Так вот, отобрал я тогда шпаргалку у Воронцова, но он, разумеется, выклянчил у проводившего экзамен учителя свою тройку, и я забыл о нем. Выхожу из школы, иду через задний двор с группой учеников, наслаждаясь окончанием нудного дня и майским вечером, и вдруг меня нагоняет Воронцов и, заметно нервничая, предупреждает, что если я и на экзамене по химии (когда мое слово будет решающим) отберу у него шпаргалку или выставлю двойку, то он «наведет» на меня своих друзей-уголовников, и они прикончат меня, «зарежут», как он просто выразился. Ни больше, ни меньше. Сказал — и ушел вперед, оставив меня размышлять, что же мне теперь делать.

И с этого эпизода пошла накручиваться, как это часто случалось в советские времена, невероятная история, которая закончилась для меня тяжелейшими переживаниями и практически запретом работать преподавателем, в конечном итоге — решительно повлияла на всю мою жизнь.

В тот вечер угрозу Воронцова слышали несколько сопровождавших меня учеников, и на другой день об этом знала уже вся школа. Мне ничего не оставалось, как пойти к директору, точнее, к директрисе, коей была пожилая преподавательница конституции по фамилии Черкасова, всегда носившая на груди орден Ленина. Я в соответствии с существовавшими для подобных случаев правилами потребовал снять Воронцова с экзаменов. Меня поддержала завуч, и директриса вроде бы согласилась. Но через день или два она вызвала меня и заявила, что советовалась в Министерстве путей сообщения, которое курировало школу, и там ей сказали, что Воронцова нельзя снимать с экзаменов, потому что угрожал он мне вне школы и имело, мол, место «взаимное озлобление». (Или в подобном случае должна возникать взаимная любовь?)

Мне пришлось подчиниться. Но на экзамене по химии Воронцов выкидывает новый номер. Видя, что я слежу за ним, чтобы он не мог списывать, и поняв, что я буду спрашивать его по-настоящему, он встает и заявляет, что отказывается сдавать мне экзамен, потому что я «на него уставился», и, хлопнув дверью, покидает класс.

Директриса Черкасова и тут попыталась спасти положение, предложив потребовать от Воронцова, чтобы он извинился передо мной. Но учителя, члены экзаменационной комиссии, сгоряча не смогли сдержать своего возмущения и в один голос вскричали, что Воронцову необходимо выставить единицу и тем самым отстранить от экзаменов, лишить аттестата зрелости. При наличии хотя бы одной неудовлетворительной оценки аттестат не выдавался. Директриса с неохотой согласилась, и я вывел Воронцову в ведомости единицу.

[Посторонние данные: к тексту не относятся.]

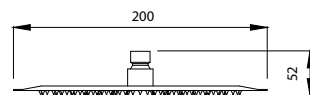

H13801 NERO INOX - Ø200

Cod. 5206836065687

109,90 €

Soffione doccia INOX
Douche de tête INOX
Shower head INOX
Κεφαλή ντους INOX
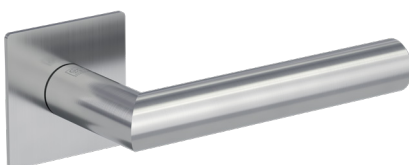

NEUE
TÜRGRIF
VARIANTEN

DAS PRINZIP DER FLÄCHE PIATTA S

FLACHROSETTEN IN FLÄCHENBÜNDIGER OPTIK

DAS PRINZIP DER FLÄCHE PIATTA S

Die deutliche Unterscheidung von Wänden, Zargen und Türen ist heute nicht mehr notwendig und gewünscht. Materialien und Optik werden einheitlicher. Das Bedürfnis nach Ordnung und visueller Reduktion verändert die Wohnkultur. Flächenbündige Optik bestimmt daher den Trend. Die PIATTA S beherrscht diese Gestaltungssprache. Die Rosette kann sich flach wie eine Scheibe dem Türblatt anschmiegen. Und dafür sind bei PIATTA S nicht einmal Sonderfräsungen notwendig.

AVUS PIATTA S | Kaschmirgrau

PERFEKT KOMBINIERT

- _ ultraflache Rosetten mit nur 2 mm Höhe
- _ mit Federunterstützung
- _ ins Türblatt integrierte Mechanik
- _ wartungs- und korrosionsfrei (ohne Magnete)
- _ schnell montiert mit SMART-KLIPP
- _ ohne Sonderbohrung
- _ passt ideal zu stumpf einschlagenden Türen

UNSERE
EMPFEHLUNG

- _ 2- und 3-teilige Bänder für Holz- und Stahlzargen
- _ farblich abgestimmt auf Kaschmirgrau und Graphitschwarz

3-tlg. Band
Kaschmirgrau

2-tlg. Band
Kaschmirgrau

Beide auch erhältlich in Graphitschwarz und Edelstahl matt.

LUCIA PIATTA S QUATTRO | Edelstahl matt

auch verriegelbar erhältlich

smart2lock
by GRIFFWERK

LUCIA PIATTA S QUATTRO | Graphitschwarz

auch verriegelbar erhältlich

smart2lock
by GRIFFWERK

SMARTE BESCHLAGTECHNIK
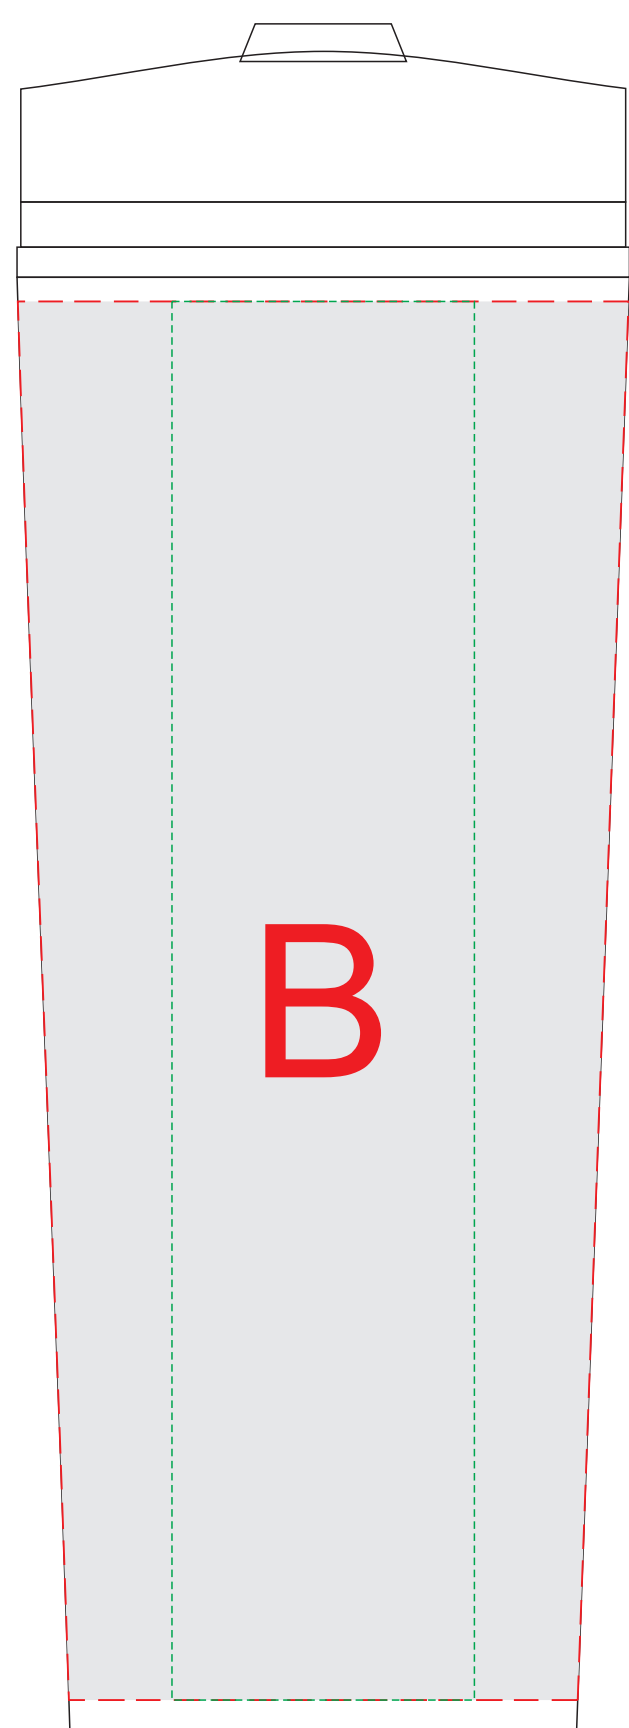

вид спереди

вид сзади

вид справа

вид слева

круговая
уф-печать
231,7x185мм

круговая
трафаретная
печать
231,7x150мм

A	Вид нанесения	Макс площадь (Ш*В)
	УФ печать	25x180мм
	УФ Круговая печать	231,7x185мм
	Тампопечать	40x50мм
	Трафаретная Круговая печать	231,7x150мм

B	Вид нанесения	Макс площадь (Ш*В)
	УФ Круговая печать	231,7x185мм
	Тампопечать	40x50мм
	Трафаретная Круговая печать	231,7x150мм
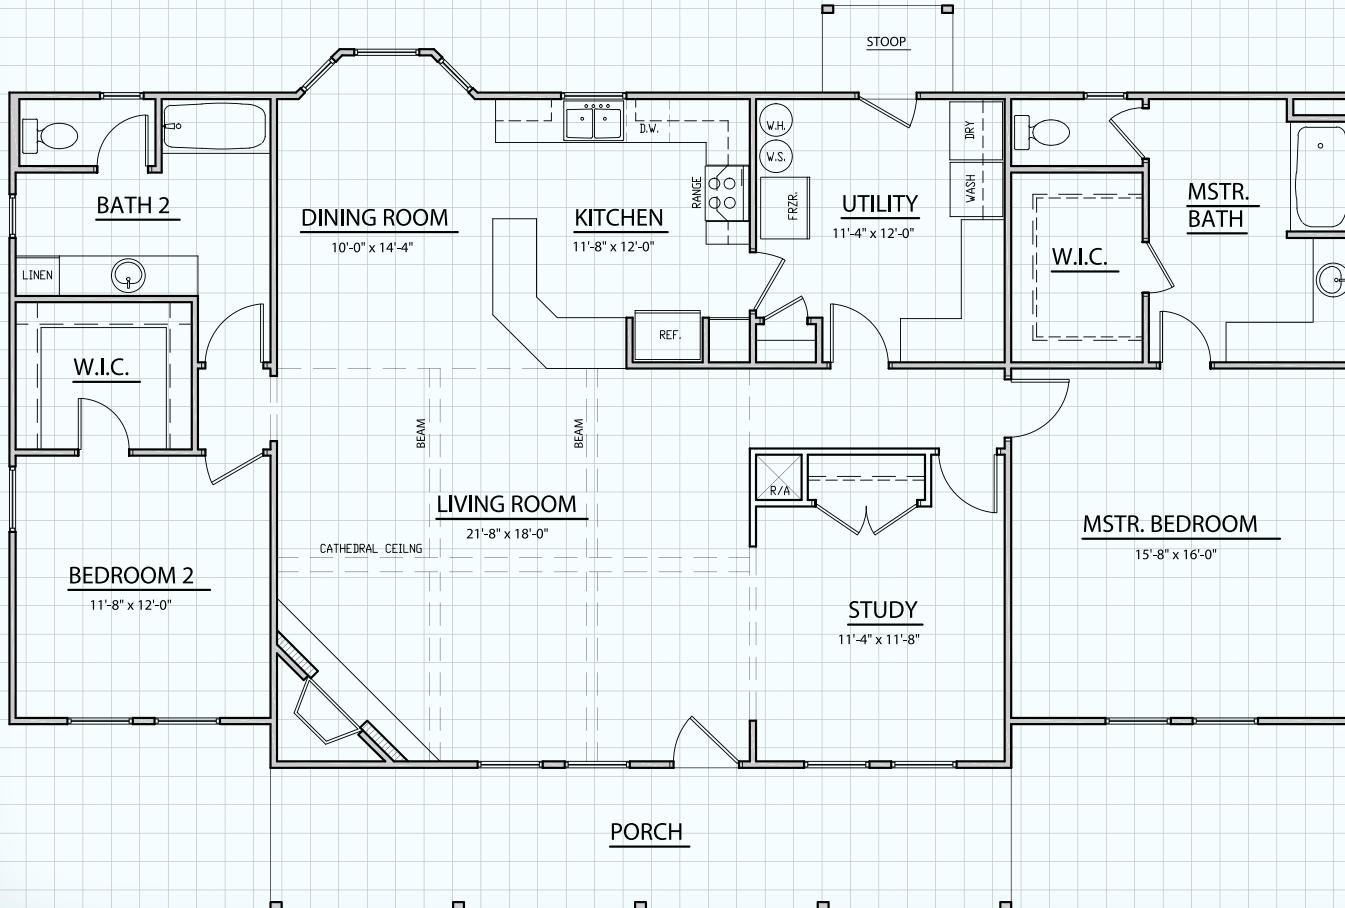

**Hill Country**  
 CLASSICS™  
 CUSTOM HOMES  
*Boerne Texas*

34535 IH 10 West  
 Boerne, TX 78006  
 (830) 249-2920  
 hillcountryclassics.com

**THE CAMPWOOD #1879**

LIVING	1,879
PORCH	245
<b>TOTAL SQ.FT.</b>	<b>2,124</b>
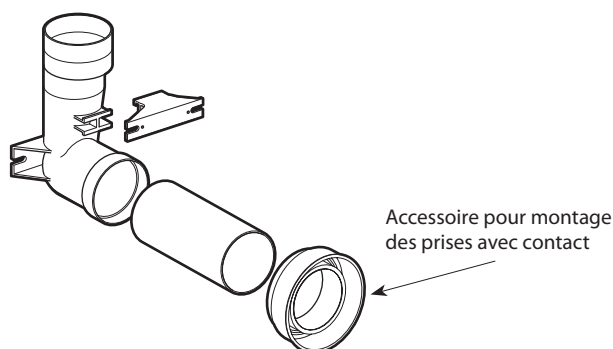

Kit de raccordement ou encastrément pour aspiration centralisée

1. USAGE

Permet le montage de prise d'aspiration centralisée Céliane avec ou sans contact électrique.

Installation sur mur périphérique, sur cloison de séparation ou en placard.

2. GAMME

Kit de raccordement ou encastrément	Réf.
Comprend les accessoires de raccordement droits et coudés pour installation des prises d'aspiration centralisée.	CM0261

3. DIMENSIONS (mm)

Note : Pour la compatibilité de ce produit, attention au diamètre et à la longueur de l'embout de l'aspirateur.

4. CARACTÉRISTIQUES TECHNIQUES

■ 4.1 Caractéristiques mécaniques

Résistance aux chocs : IK 02

Pénétration de corps solides/liquides : IP 20

■ 4.2 Caractéristiques matières

Kit de raccordement : PVC

Autoextinguibilité : 650° C/30 s
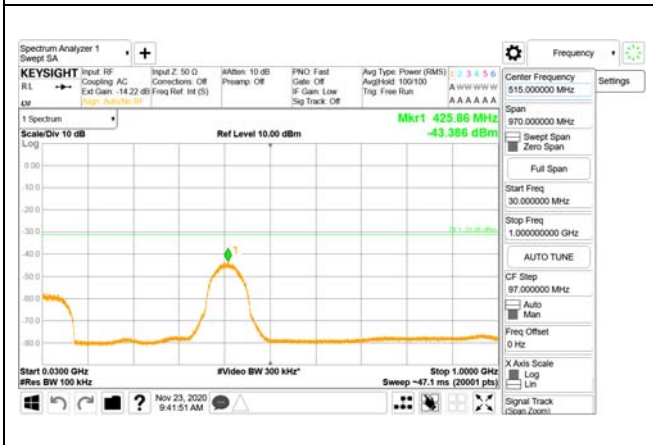

30 MHz - 1000 MHz
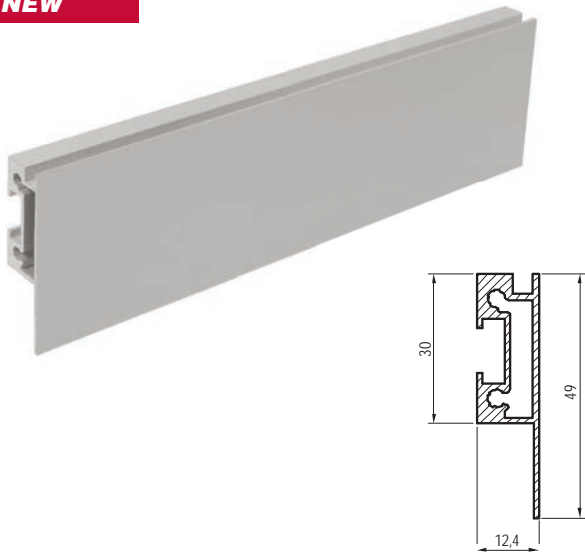

NEW

профиль горизонтальный
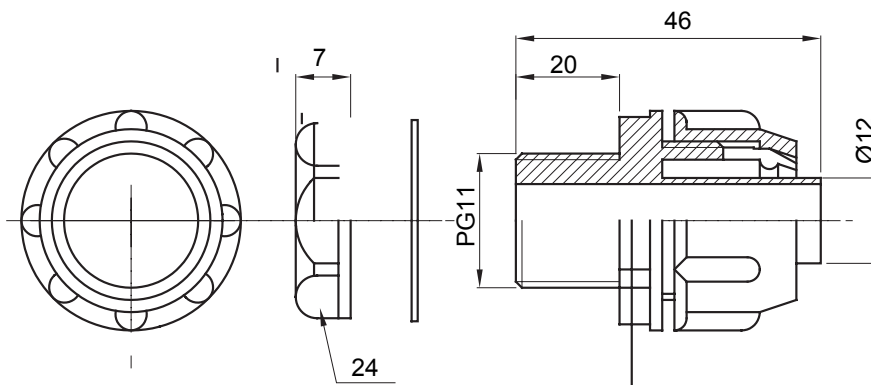

Raccord tournant droit pour gaine avec degré de protection IP54.

Couleur	Gris RAL 7035	Indice de protection	IP54
Pas PG	11	Gaine Ø (mm)	12
Type	Fixe	Electrocod	210

### DIMENSIONS

### SYMBOLE TECHNIQUE

**IP**

IP54
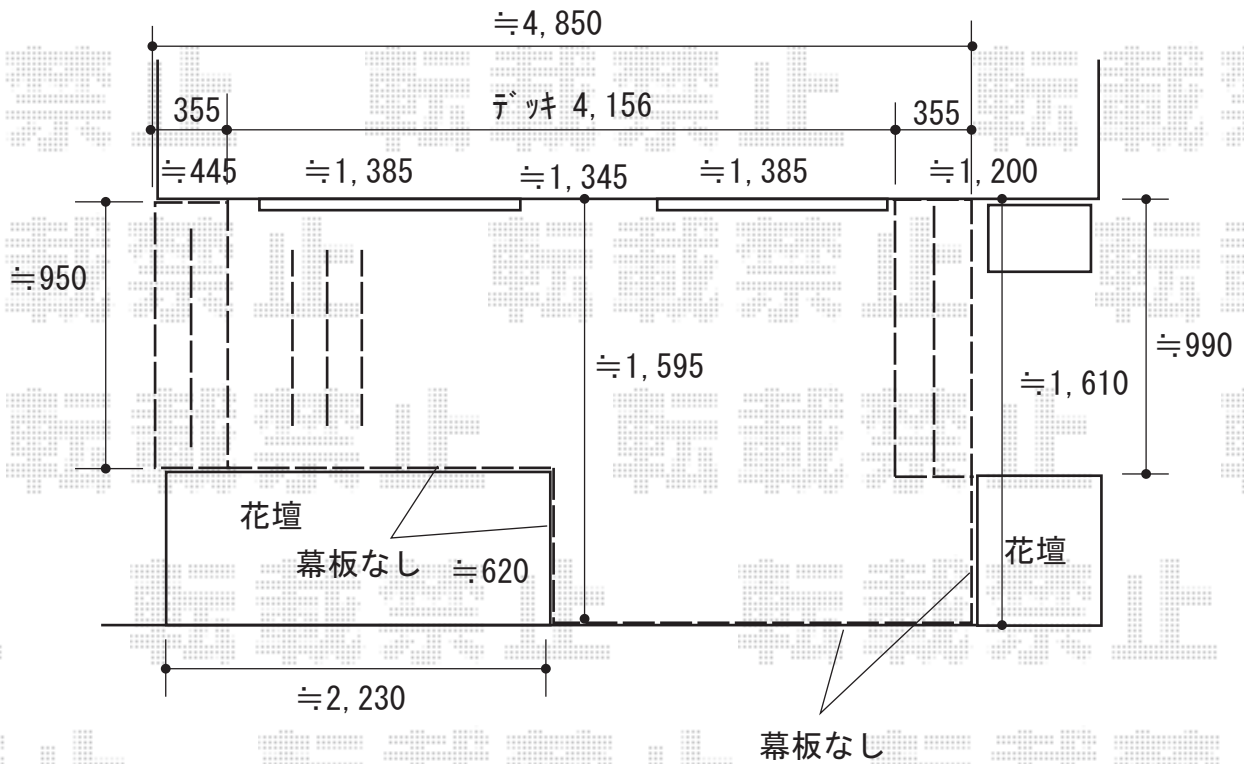

ウッドデッキ 施工概略図

LIXIL 樹ら楽ステージ ※正面斜め納まり
 間口= 4,156mm
 出幅= 950mm/1,610mm
 色： クリエペールA
 床板： 縦貼り
 幕板： 標準幕板
 束柱： 束柱B (400~550mm) (色：【未定】)
 追加部材： ステップデッキ取付用部材一式 (2セット分)

※多段幕板は寸法上取付不可となります。

【イメージ図】

2019-6-614798

担当者

木附
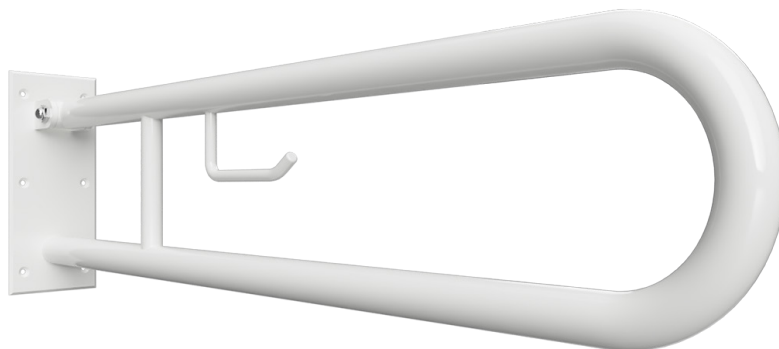

**Madlo, 850 mm, ve tvaru U, s držákem TP, sklopné, bez krytky, bílá**  
**Grab bar, 850 mm, U-shape, with TP holder, folding, without cover, white**  
**Stützgriff, 850 mm, U-Form mit Toilettenpapierhalter, ohne Abdeckung, weiß**

**301406324**

brzda / brake / Bremse:

### Parametry / Features / Eigenschaften

šířka / width / Breite:	100 mm
výška / height / Höhe:	250 mm
hloubka / depth / Tiefe:	866 mm
nosnost / load capacity / Ladekapazität:	150 kg
materiál / material / Material:	Fe
povrch, úprava / finish / Oberfläche:	komaxit / comaxit / Komaxit
barva / color / Farbe:	bílá / white / weiß
brzda / brake / Bremse:	nerez / stainless steel / rostfrei
záruka / warranty / Garantie:	2 roky / 2 years / 2 Jahre
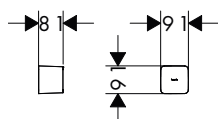

i Zboží, které není skladem, se vyrábí po obdržení objednávky.

IntraStoris úložný box malý 90/90

Vlastnosti

- materiál: plast
- vhodné pro: umyvadlové skříňky Xelu a umyvadlové skříňky s laminátovou deskou, vysokou skříňku Xevolos, skříňku střední výšky Xevolos
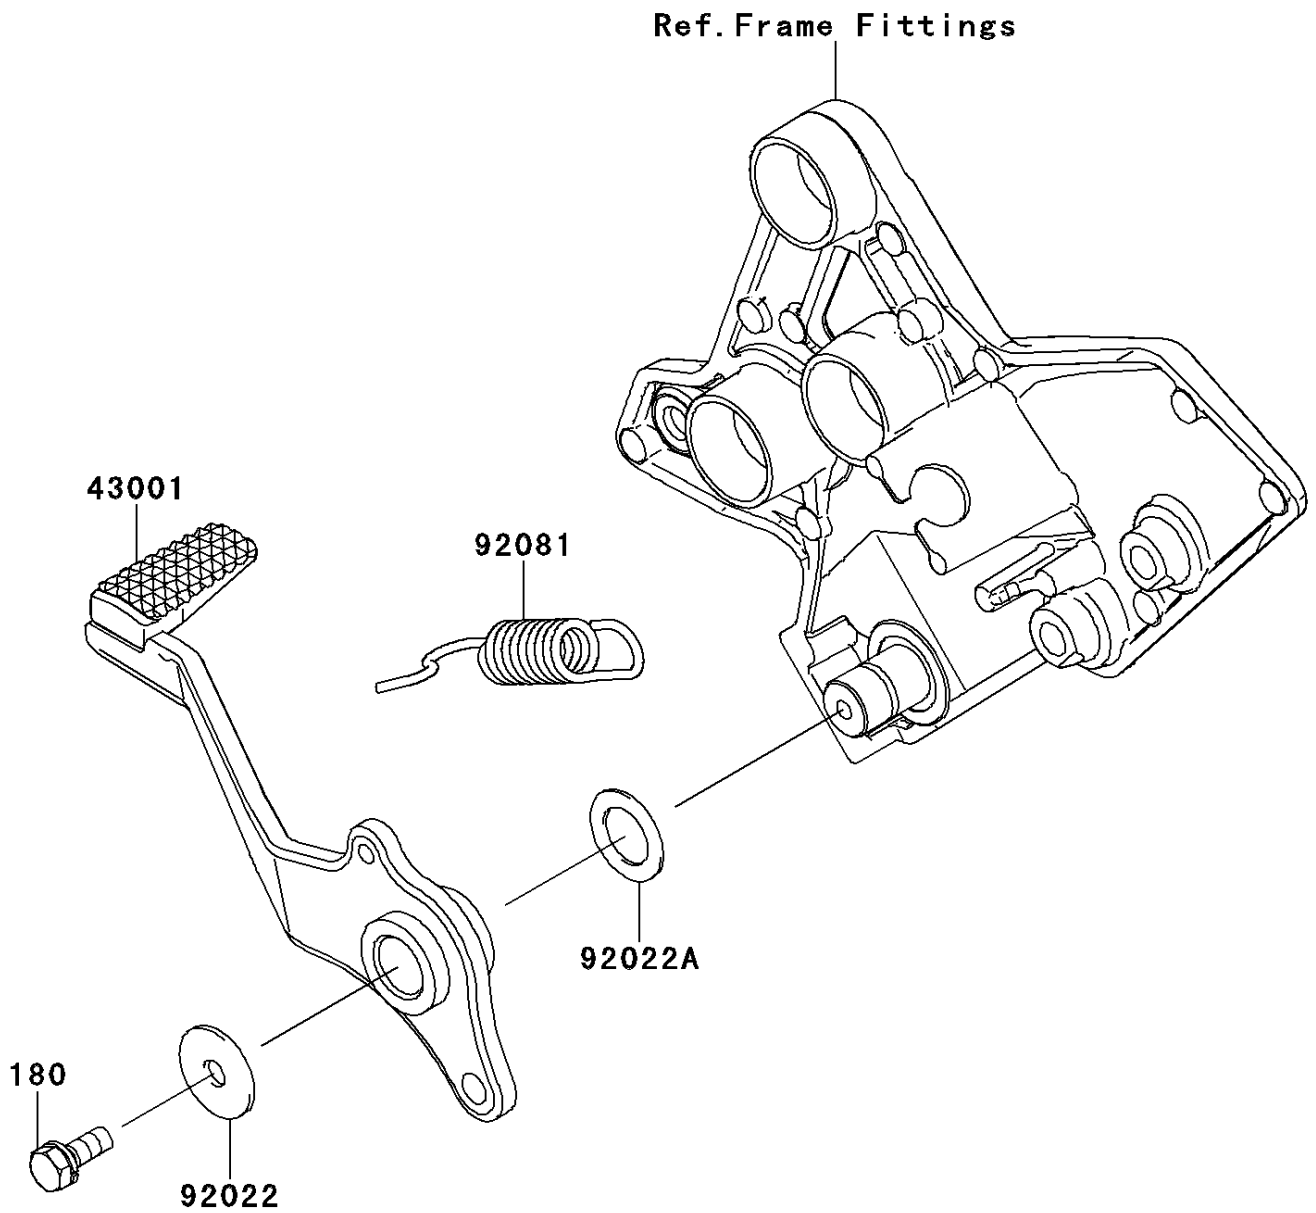

2012 VERSYS® 1000 (European)

PARTS DIAGRAM

Brake Pedal

F2260

2012 VERSYS[®] 1000 (European)

PARTS LIST

Brake Pedal

ITEM NAME	PART NUMBER	QUANTITY
-----------	-------------	----------
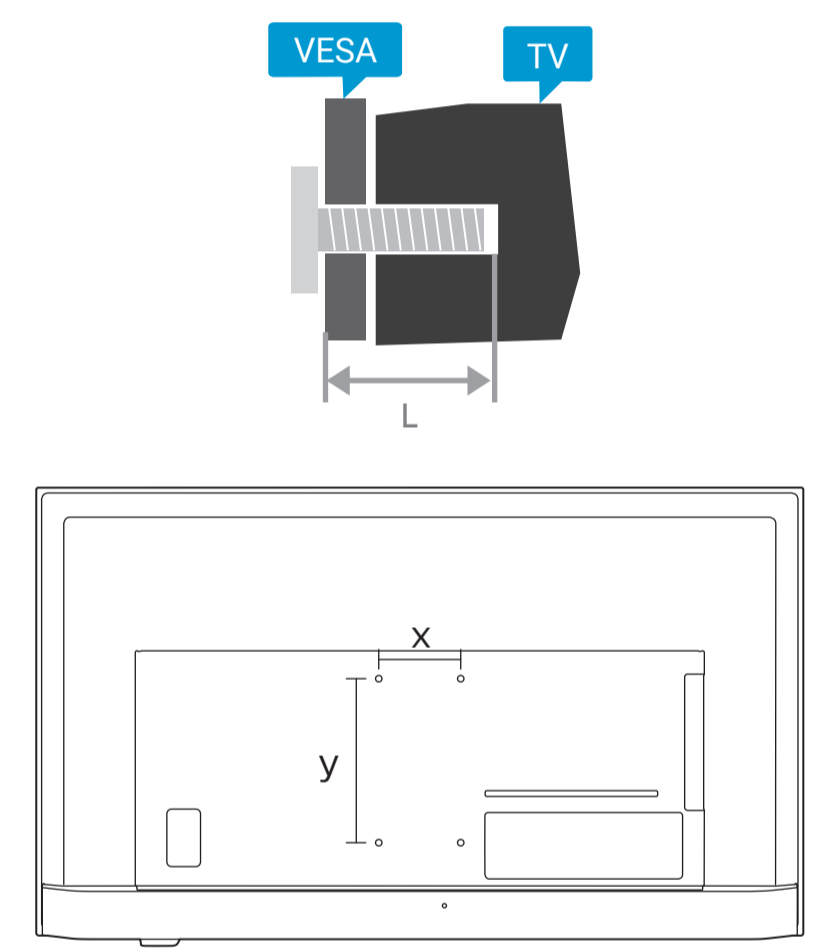

VESA (x, y)

43" 100x200mm M6 (L: 10mm~12mm) 108 cm
50" 100x200mm M6 (L: 10mm~20mm) 126 cm
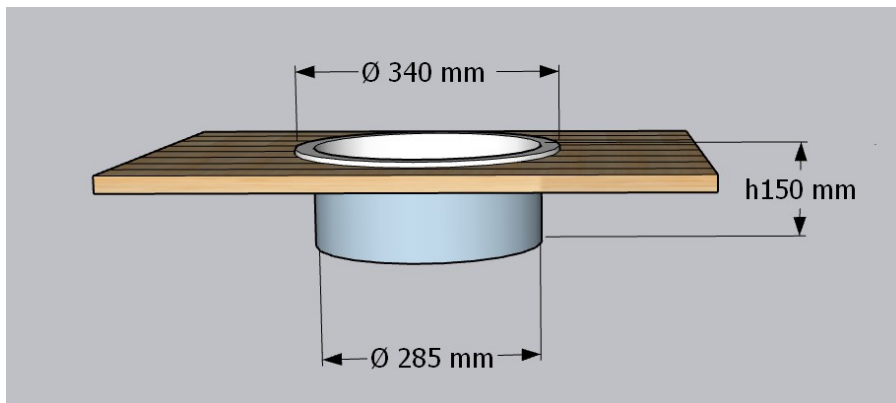

Шайка с RGB подсветкой для парилки.

Модель: RGB SK-12

Комплектация:

1. Металлическое основание со встроенным источником света – 1шт.
2. Акриловая шайка (5 литров) с деревянными ручками – 1шт.
3. Блок питания 12V – 1шт.
4. RGB контроллер – 1шт.
5. Батарейки AAA - 3шт (в комплект не входят)
6. Кабель – 5м.

Однако через день-другой я узнал, что Черкасова опять ходила в министерство, на этот раз вместе с Воронцовым и с верными ей учителями в качестве представителей всего «учительского коллектива». И она добилась отмены неудовлетворительной оценки. Было решено, что Воронцов будет еще раз сдавать химию, но уже другому учителю из другой школы, и мне запрещено было даже присутствовать на этом экзамене.

Несколько слов о Черкасовой. Еще с юности у меня осталась неприязнь к школьным директорам, однако в школе, в которую я попал по воле случая, действительность превзошла все мои самые худшие воспоминания. Черкасова оказалась особой на редкость неприятной, тупой, грубой и одержимой страстью всех воспитывать — и учеников, и учителей. Она была типичным порождением сталинской эпохи. Интересная деталь. Ее сын был известным поэтом-правдистом, т. е. сочинителем патриотических виршей «на случай», которые отличались удивительной даже для такого жанра наглой примитивностью. Учителя шепотом рассказывали, что у него нет никакого образования, что раньше он работал пионервожатым, и главное, был настоящим пропойцей, и часто, напившись, бил свою орденоносную мать. Кроме того, ходили слухи, что муж ее был арестован в 37-м году и погиб в лагерях, что она тщательно скрывала.

Для иностранных читателей, да и для российской молодежи надо отметить, что мания воспитывать людей была одной из самых отвратительных черт советского тоталитаризма. Воспитывали человека от ясельного возраста и до гробовой доски. Начальники воспитывали своих подчиненных, коллективы — своих членов, партия (т. е. партийное руководство) — и тех, и других. Чуть что не так, высшее начальство кричало на низшее: «Плохо воспитываете коллектив!», «Усилить политико-воспитательную работу!». Воспитание это было конгломератом из политзанятий, лекций, собраний и элементарного укрепления дисциплины — требования беспрекословного подчинения начальству. Но это было и воспитанием готовности донести на товарища, предать его, услужить начальству безропотно, выступить штрейкбрехером, солгать в пользу коллектива, т. е. опять же начальства, «петь в унисон», «идти в ногу» и т. д. Одновременно это было и жестокое подавление всех проявлений настоящего коллективизма и солидарности.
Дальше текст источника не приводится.